Runoff and tail coverage terms generally turn on whether the claims are based on conduct before or after the transaction’s effective date, but as the GlassHouse Technologies case shows, policyholders should not assume that the terms and conditions of those coverages will remain the same. The dispute in GlassHouse Technologies involved a broker’s alleged errors in procuring tail coverage in connection with sale of GlassHouse’s U.S. consulting business, which the broker viewed as potentially triggering the change in control provision in GlassHouse’s existing D&O policy. To avoid any gap in coverage for pretransaction conduct, GlassHouse purchased tail coverage by endorsing the policy, but as GlassHouse later learned, the tail coverage endorsement not only extended the reporting period for several years, it also reduced the limits for the remainder of the initial policy period from $15 to $5 million. As a result, when one of GlassHouse’s creditors asserted claims against the company’s directors and officers shortly after closing during the initial policy period, those claims were subject to substantially reduced limits. The parties became embroiled in litigation regarding the actions of the broker in modifying the existing limits as part of the tail coverage endorsement.
3. Preserve Existing Insurance Assets
A surviving entity might not assume all existing liabilities of the company it is acquiring. In structuring M&A deals, buyers and sellers alike should be aware of the potential adverse impact limited transfer of liability (or assets) may have on the surviving entity’s ability to access historic insurance assets or trigger coverage for legacy liabilities arising from pretransaction conduct. The right to claim coverage under legacy insurance policies may be extinguished if the liabilities of the policyholder were extinguished in a merger or acquisition.
The BCB Bancorp v.
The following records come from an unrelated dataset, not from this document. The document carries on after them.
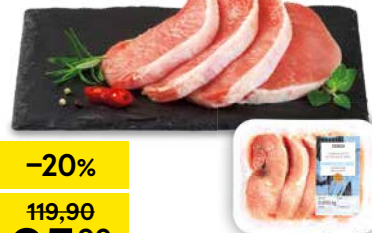

-20%

119,90
95⁹⁰

CENA PRO VŠECHNY

Tesco Vepřová kýta plátky
600 g, ochranná atmosféra
(1 kg = 159,83 Kč)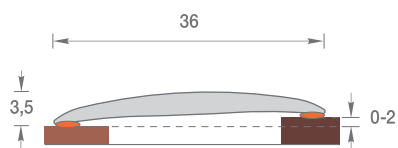

### Caracteristici:

- ° denumire: Profil trecere PVC
- ° dimensiuni: 30 si 36 mm
- ° lungime: 0.9 si 1,6 ml
- ° ambalare: 10 buc.

201

203

205

206

208

210

Progressive Casualty Insurance case illustrates this problem. In BCB, an insurance carrier withdrew its defense of a bank’s premerger shareholder class-action lawsuit on the grounds that the directors’ and officers’ rights under the policy terminated when the policyholder dissolved and was consolidated with the surviving entity via a statutory merger under New Jersey law. The court rejected the insurer’s argument based on the lack of an exclusion in the policy preventing transfer of rights to a surviving entity under the New Jersey merger statute. As the BCB case shows, the potential impact of M&A deals on D&O insurance depends not only on the policy language and terms and structure of the deal, but also on applicable state law. Another related issue is whether the insurance assets necessary to respond to a current or future claim were transferred in the deal.
4. Coverage for the Deal
Parties must assess a deal’s impact on existing and future insurance policies, but there also may be ways to mitigate risk by purchasing insurance coverage for the deal itself. The most common example of this is representation and warranty (R&W) insurance, which protects a buyer or seller from losses arising from inaccurate representations or warranties made by the seller or target companies during the merger, acquisition, asset sale, or other transaction. A buyer-side R&W insurance policy, for example, protects the purchaser by paying losses if the target company presents inaccurate information, such as by misrepresenting or failing to adequately disclose a particular liability. These protections can often fill in the gaps if a seller offers little or no seller indemnity in the deal and provide a useful alternative to the traditional indemnity protections. Other types of deal-specific insurance (such as an environmental policy for a particular liability) may be available to mitigate risk.
Takeaways
With all of these issues, the particular risks and potential protections afforded by D&O and other insurance policies are dependent on the terms of the deal, the existing or contemplated policy language, the type of claims giving rise to coverage, and numerous other individualized issues (e.g., financial resources, risk appetite, business needs, applicable state law, etc.). As the GlassHouse and BCB cases show, there is no one-size-fits-all approach or foolproof checklist when it comes to M&A deals and insurance. Involving experienced coverage counsel, however, can help address important insurance issues, mitigate risk, and maximize potential recoveries. The time to do that is early in the deal process before due diligence concludes, the parties become entrenched, and the pressure to close increases.